▶ _PROBLEM_
For the entries that follow, tally the lines holding the string "学校対抗の部". Give the total and nothing else.

▶ _MATERIAL FOR THIS TASK_
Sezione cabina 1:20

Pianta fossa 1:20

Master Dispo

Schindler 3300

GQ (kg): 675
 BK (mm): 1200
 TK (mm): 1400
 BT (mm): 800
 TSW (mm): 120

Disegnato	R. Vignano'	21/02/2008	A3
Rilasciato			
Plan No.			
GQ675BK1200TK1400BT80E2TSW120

==

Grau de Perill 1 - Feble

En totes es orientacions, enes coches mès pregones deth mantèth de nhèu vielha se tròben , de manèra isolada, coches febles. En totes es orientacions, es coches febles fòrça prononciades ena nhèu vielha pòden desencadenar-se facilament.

--

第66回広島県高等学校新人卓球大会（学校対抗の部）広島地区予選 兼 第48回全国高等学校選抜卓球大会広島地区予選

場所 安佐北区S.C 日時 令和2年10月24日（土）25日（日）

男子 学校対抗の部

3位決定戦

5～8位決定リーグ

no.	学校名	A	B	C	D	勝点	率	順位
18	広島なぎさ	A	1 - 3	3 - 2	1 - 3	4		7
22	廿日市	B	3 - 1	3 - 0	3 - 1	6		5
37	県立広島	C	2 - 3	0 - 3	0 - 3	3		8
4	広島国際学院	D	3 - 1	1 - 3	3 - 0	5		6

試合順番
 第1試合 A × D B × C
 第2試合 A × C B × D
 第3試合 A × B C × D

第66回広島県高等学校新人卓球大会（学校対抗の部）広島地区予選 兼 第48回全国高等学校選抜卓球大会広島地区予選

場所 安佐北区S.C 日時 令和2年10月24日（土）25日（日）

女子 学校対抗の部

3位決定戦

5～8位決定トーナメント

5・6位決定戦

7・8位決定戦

▶ _EXERCISE ANSWER_
4